Problem: Your reply should be made up of every line in the records below that holds the string "jour".

Data in this exercise:
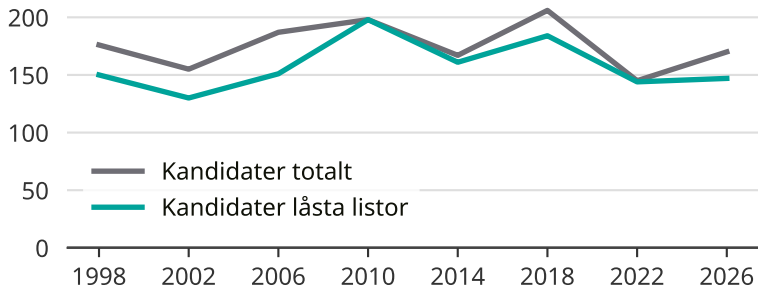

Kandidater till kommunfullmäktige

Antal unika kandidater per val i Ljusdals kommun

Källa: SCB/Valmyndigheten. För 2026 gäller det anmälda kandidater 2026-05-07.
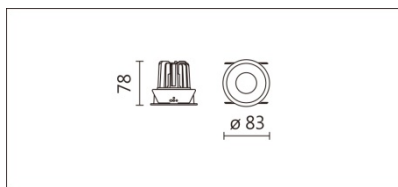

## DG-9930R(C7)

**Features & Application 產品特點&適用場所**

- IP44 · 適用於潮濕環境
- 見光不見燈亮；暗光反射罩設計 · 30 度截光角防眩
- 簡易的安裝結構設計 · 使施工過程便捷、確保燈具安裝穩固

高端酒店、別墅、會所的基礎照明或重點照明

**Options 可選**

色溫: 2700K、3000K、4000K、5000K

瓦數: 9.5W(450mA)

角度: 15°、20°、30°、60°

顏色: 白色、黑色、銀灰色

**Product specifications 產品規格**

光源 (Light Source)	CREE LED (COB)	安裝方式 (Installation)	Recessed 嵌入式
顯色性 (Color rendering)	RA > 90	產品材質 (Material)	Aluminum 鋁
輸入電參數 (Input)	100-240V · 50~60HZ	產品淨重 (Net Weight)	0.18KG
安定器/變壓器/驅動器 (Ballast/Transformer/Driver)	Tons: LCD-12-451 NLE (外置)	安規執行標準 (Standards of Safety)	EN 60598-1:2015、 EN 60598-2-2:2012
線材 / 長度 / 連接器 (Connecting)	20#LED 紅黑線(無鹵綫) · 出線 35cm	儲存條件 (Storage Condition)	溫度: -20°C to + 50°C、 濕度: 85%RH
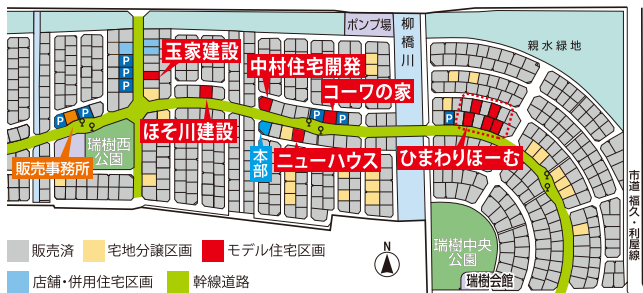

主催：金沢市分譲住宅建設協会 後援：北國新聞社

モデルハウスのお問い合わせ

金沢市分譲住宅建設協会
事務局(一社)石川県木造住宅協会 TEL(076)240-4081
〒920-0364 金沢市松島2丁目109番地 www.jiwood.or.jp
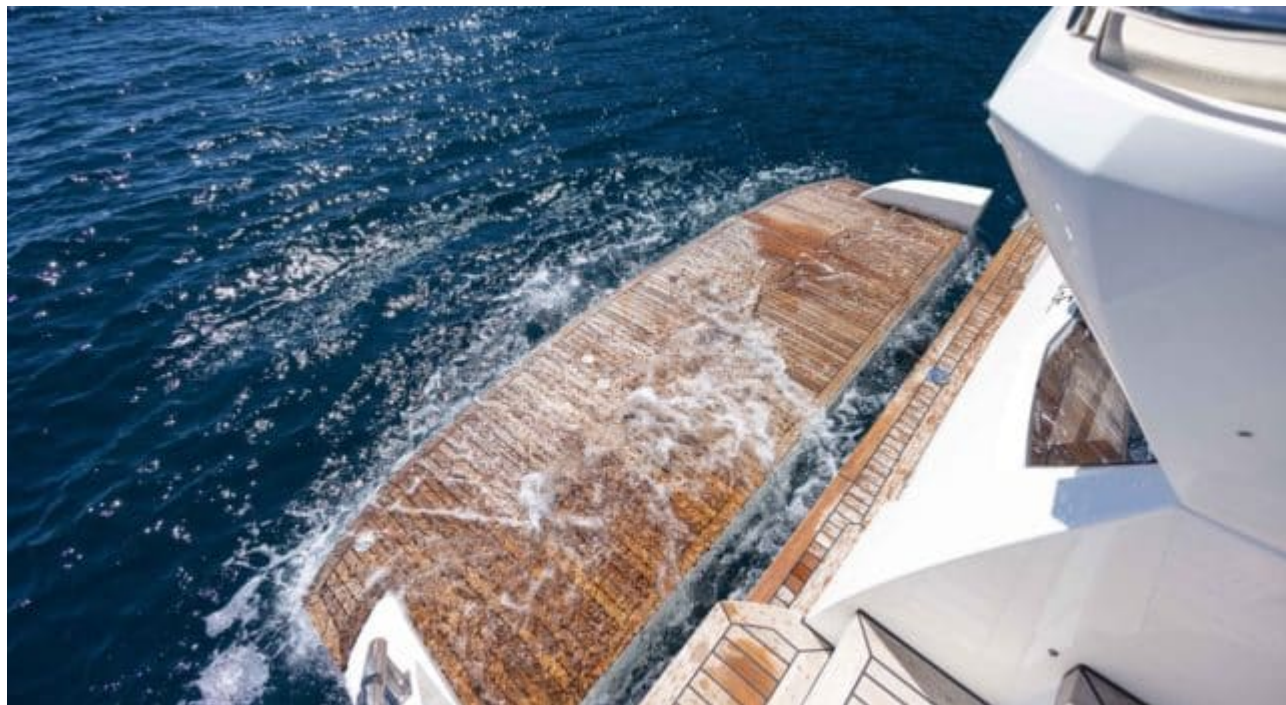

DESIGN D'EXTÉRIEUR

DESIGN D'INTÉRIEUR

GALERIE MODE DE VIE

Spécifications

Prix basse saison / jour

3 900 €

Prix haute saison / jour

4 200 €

Reply:
Prix basse saison / jour
Prix haute saison / jour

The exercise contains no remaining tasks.